A friend was out in the hills of Mexico, visiting with a shepherd. The shepherd’s flock was grazing quietly around them as they visited.
Suddenly, some unexpected noise startled the sheep and they began to flee from the imagined threat. They tore off down the hill and along the valley. My friend looked at the shepherd, expecting him to take some urgent measure to stop the stampede. Instead, the shepherd opened his lunch, sat down on a rock and began to eat.
My friend watched the sheep run further and further away and could not understand the calm attitude of the shepherd. He watched as the sheep became smaller and smaller in the distance, but he saw that they were slowing down. Finally, it seemed that they had stopped and started to mill around, not knowing what to do next.
Now the shepherd put away his lunch, stood on top of the rock and began to call the sheep. They turned toward the familiar voice of their shepherd and slowly began to walk back. After awhile they were all back on the hillside, calmly grazing near their shepherd once again.
“You see,” the shepherd told my friend, “if I had begun to yell and run after them waving my rod, they would have been even more frightened. And they would have been scared of me. I knew that when they were quiet enough to hear my voice they would respond to my call.”

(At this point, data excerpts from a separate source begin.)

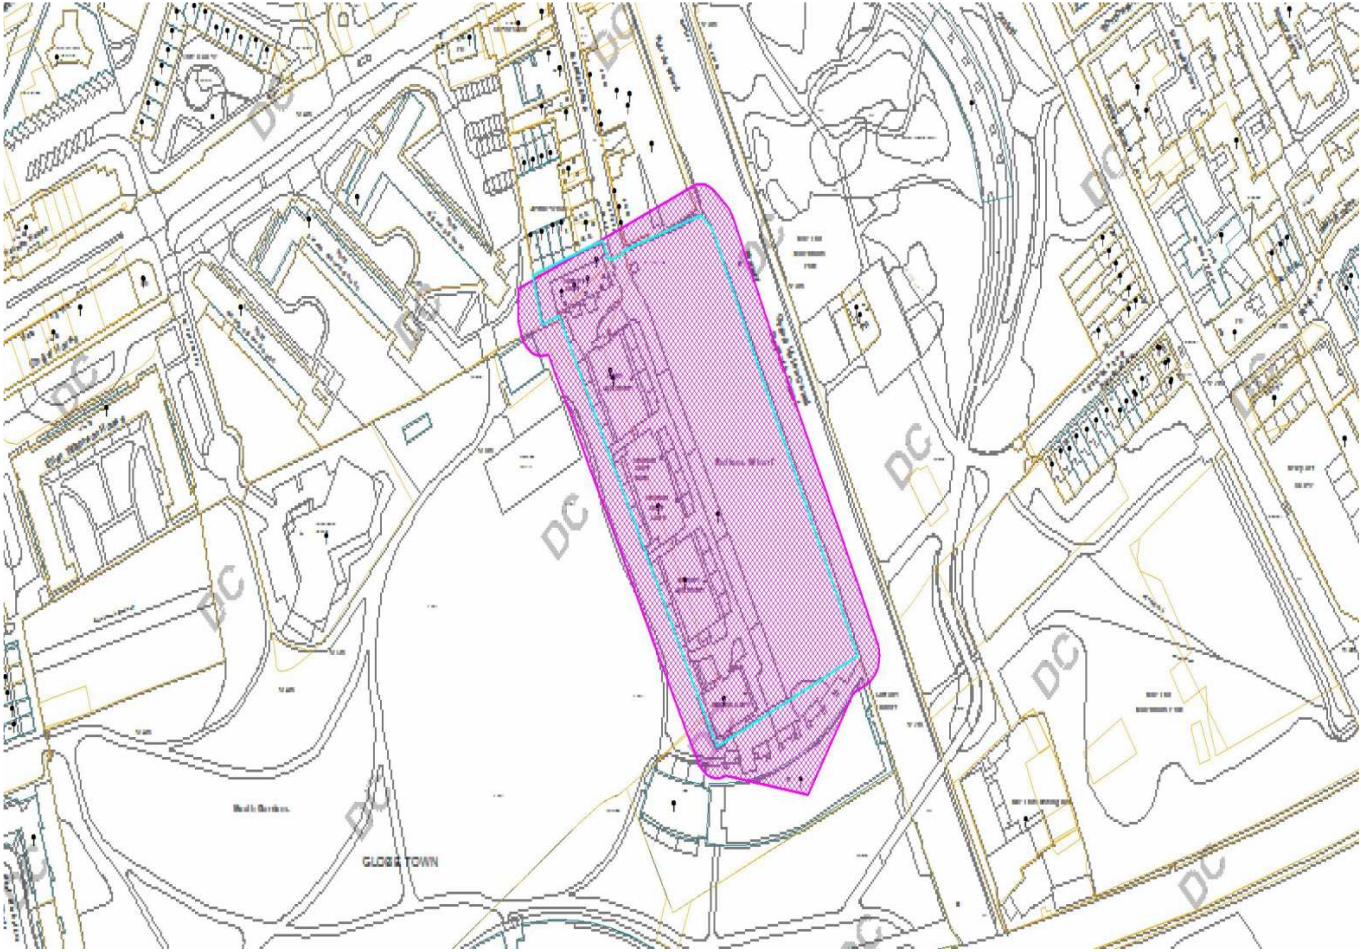

Planning Application Site Map  
PA/13/02108

Not to scale.

This Site Map displays the Planning Application site boundary and the neighbouring Occupiers/Owners who were notified as part of the Planning Application process.

© Crown copyright and database rights 2013 Ordnance Survey, London Borough of Tower Hamlets 100019288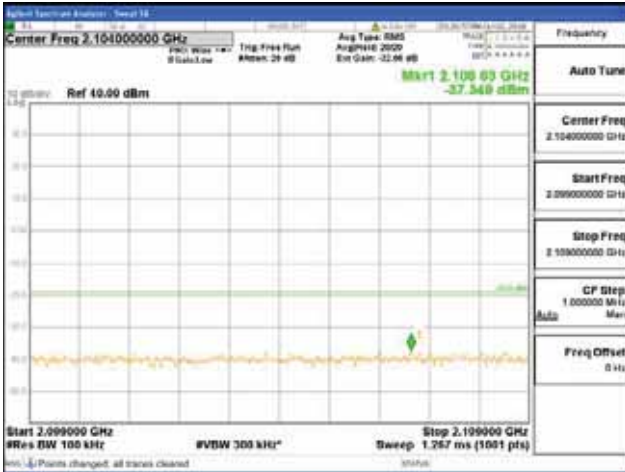

CTK Co., Ltd.
(Ho-dong), 113, Yejik-ro, Cheoin-gu,
Yongin-si, Gyeonggi-do, Korea
Tel: +82-31-339-9970
Fax: +82-31-624-9501

Report No.:
CTK-2018-03329
Page (1745) / (2957)
Pages

2099 MHz - 2109 MHz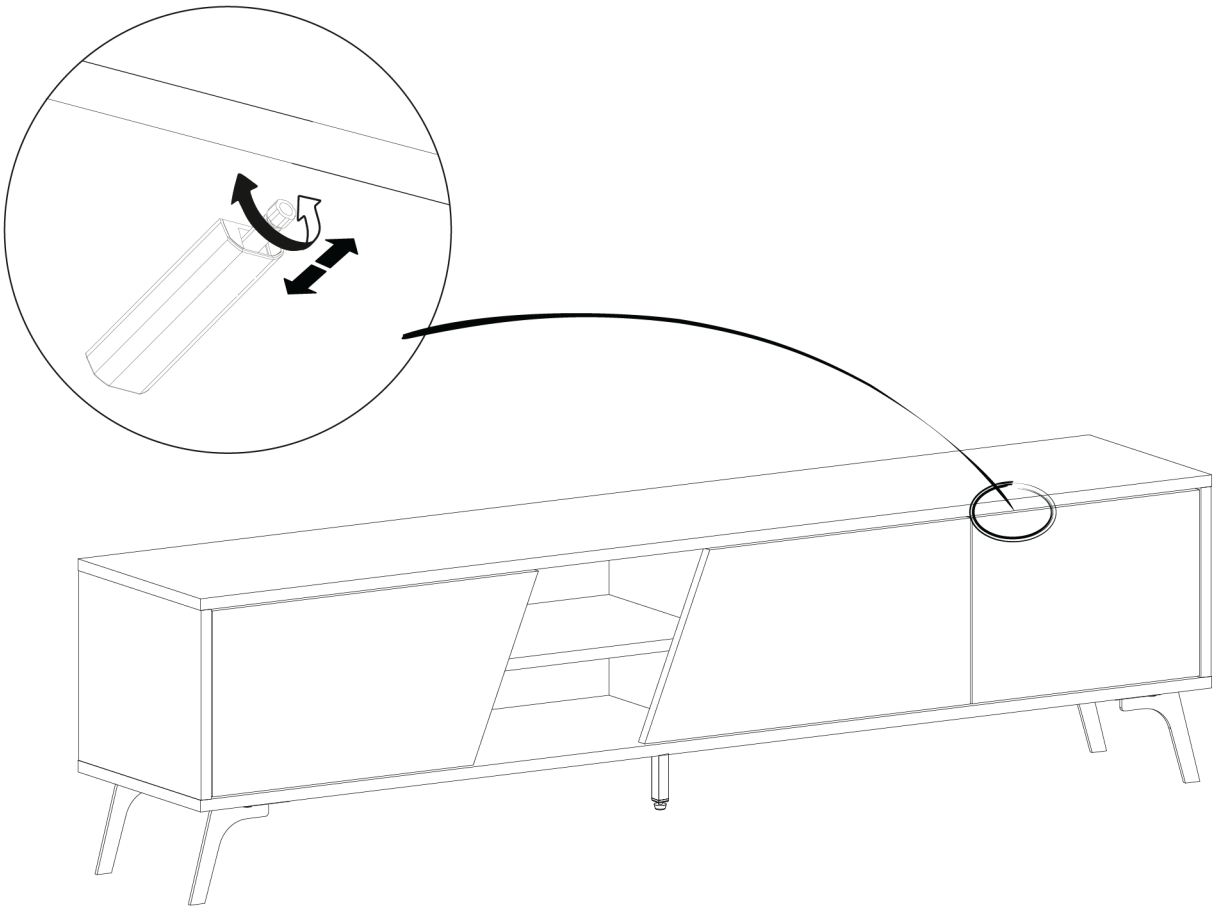

NTVS7119LOWH

Niche Entertainment TV Stand with Storage
Cabinets up to 65" inch TV

Missing Parts? Assembly Questions? Call us at 1-866-816-3822 or email help@regencyof.com for immediate assistance.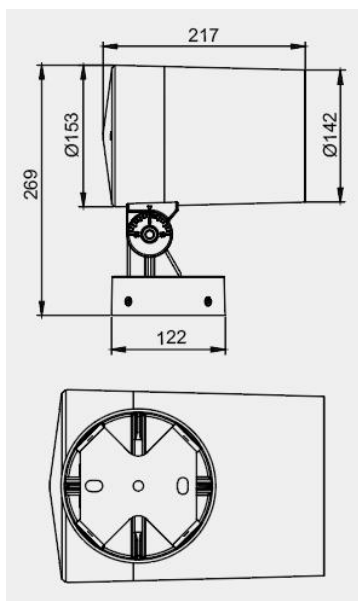

Eurolumen • Light Fixture Specifications Table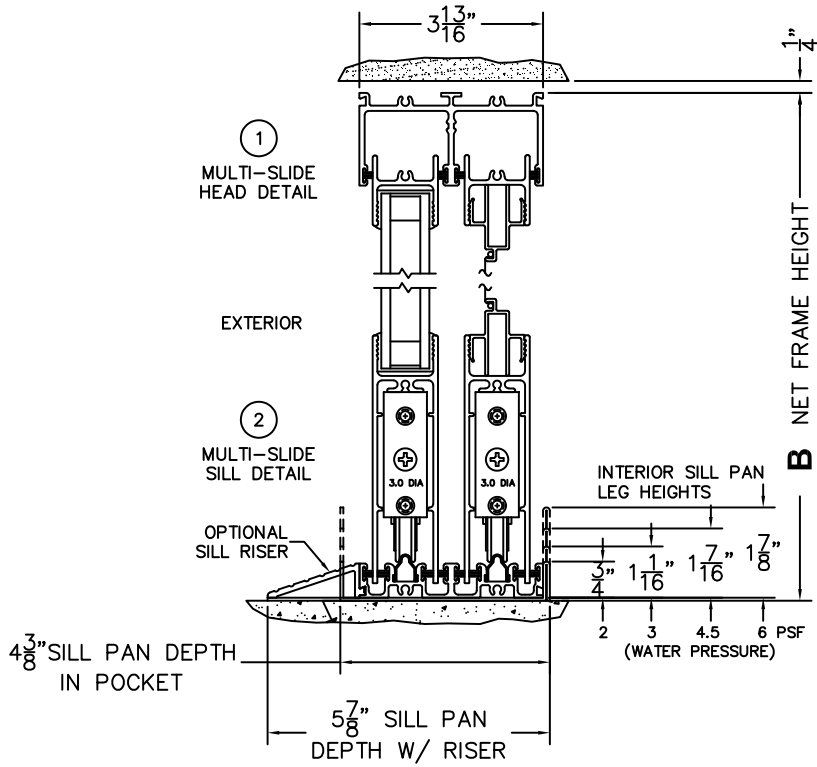

CALCULATED VALUES (FLEETWOOD SUPPLIED)

C(POCKET WIDTH)

D(NET FRAME WIDTH)

NOTES:

(USE RULER TO SCALE DIMENSIONS IN INCHES)

SCALE: 1/4

FLEETWOOD
WINDOWS & DOORS
FleetwoodUSA.com

NORWOOD 3070EX M/M

PXIXP CUSTOM CONFIGURATION
WITH SCREENS

ORDER NO.:

ITEM NO.:

(USE RULER TO SCALE DIMENSIONS IN INCHES)

SCALE: 1/4

*CAUTION: WHEN CONSTRUCTING POCKET NOTE THAT DAYLIGHT WIDTH DOES NOT INCLUDE 1" SET BACK FOR POST INTERLOCKER.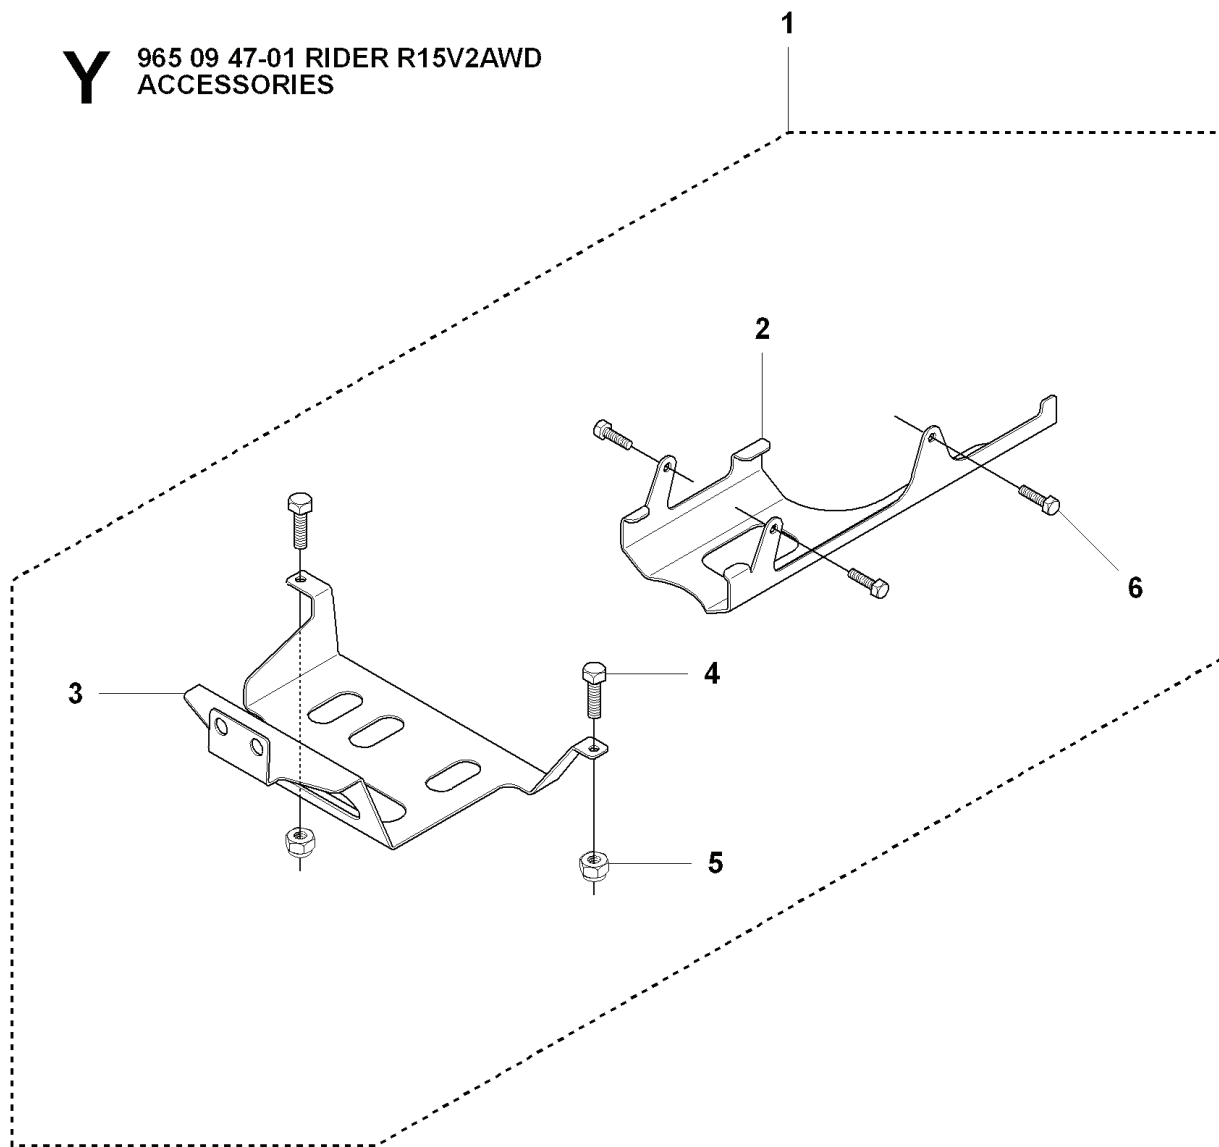

Y 965 09 47-01 RIDER R15V2AWD
ACCESSORIES

REF.	PART NO.	DESCRIPTION	REMARK	QTY.	KIT
1	544069304	KIT		1	
2	504046201	SKID PLATE		1	
3	544143301	SKID PLATE		1	
4	725246371	SCREW EHHM		2	
5	732211801	LOCK NUT		2	
6	725244961	SCREW EHHFT		3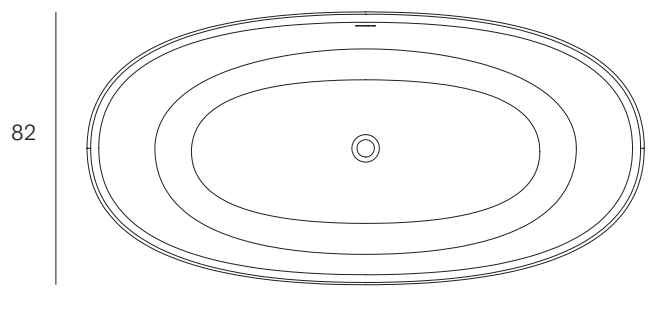

Inari

NUOVVOSOLID

● **Features:**

- Capacity: 260 L.
- Color: Matt White
- Built-in overflow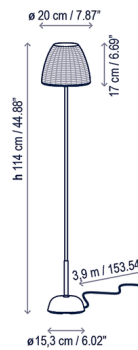

P/114 Plug-In

In the gospel of John, chapter 10, verse 14, Jesus says, “I am the good shepherd, and know my sheep, and am known of mine.”
We have loved ones who are running away from the good shepherd and sometimes we wonder why He doesn’t do something more powerful and dramatic to call them back. Perhaps he does and they misunderstand what is happening. We don’t have any guarantee that they will turn around. But we can trust that there will be a time, perhaps many times, while the other noises around them are quiet for a moment, when the good shepherd will call them. They can choose to ignore that call, but they will know that it is His voice.
Thank you for writing this! It will be a help through a very difficult time in my life.
Thank you Lisa. May you find the strength you need in the grace of God.